You have incentive to do it. You start feeling better, you start having more energy. And I do think that’s another issue you can find out your ketone status very easily. And we do find that people who are getting themselves into mild ketosis do better overall with their cognition. And certainly for anyone who actually has some cognitive decline, check it out. You can, now it, you don’t have to necessarily stick your finger. You can do it with a breathalyzer. There’s a group called Biosense that’s put out a nice breathalyzer it’s actually quite accurate. So blowing those above your seven aces, a good idea to make sure again, if you have cognitive decline, even more important, but a good idea to get into mild ketosis and getting yourself [crosstalk [00:09:15].
I’m telling you. Even I don’t measure my ketones every day and do all that, but I know my body when I started eating carbs during quarantine, you get lazy and you start eating. I’m eating “Healthy carbs,” but if I eat too many of them, I instantly don’t feel good. I feel [inaudible [00:09:33] until I have brain bugs. And then I go back on my keto program. I do my MCT oil and do all that stuff, and go back on my program and eat a lot of plant-based fat. And within a day or two, I’m just like “Bing,” it’s like [inaudible [00:09:48].

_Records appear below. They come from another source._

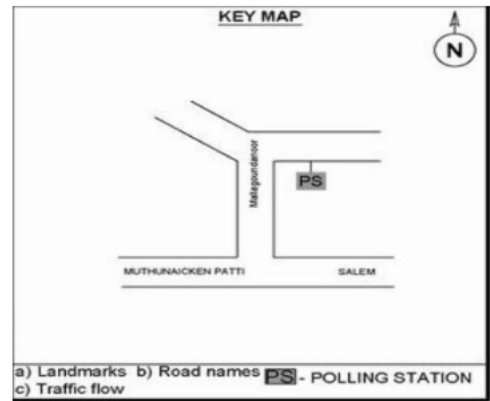

Google Map View

Polling Station Building Front View

Polling Station Front View

Cad View

Key MAP View

சட்டமன்றத் தொகுதியின் எண் மற்றும் பெயர் : 88-சேலம் (மேற்கு) பாகம் எண் : 24
பிரிவு எண் மற்றும் பெயர் 1-மல்லக்கவுண்டூர் (வ.கி), செல்லப்பிள்ளைக்குட்டை (ஊ), வார்டு 4,மல்லக்கவுண்டூர் காட்டுவட்டம்

Absolutely. And I think this is something again, most of us don’t think about it and we’re out there, we’re getting too many carbs. There’s just no question. And again, what’s interesting to me is we take these things that are actually … We were not designed evolutionarily to eat that many carbs, and yet we’ve gotten so used to it. I don’t know if you’ve seen this wonderful series on National Geographic, which is called The Food That Built America. And it’s really fascinating how Heinz set up the ketchup, and how the chips came to be and how McDonald’s and Ray Kroc developed and how the pizza groups developed all these things. And what’s interesting about these, in each of these cases, they became billion sellers, largely because they had carbs in them that people craved. And so yes-
The more you eat the more you crave.
And it made the serotonin, which makes you feel good in the short-run, but it also increases inflammation that makes you feel bad in the long run. All right. When we come back, we’re going to have our final segment with Dr. Bredesen, where he talked more about practical ways to keep your brain. Stay with us.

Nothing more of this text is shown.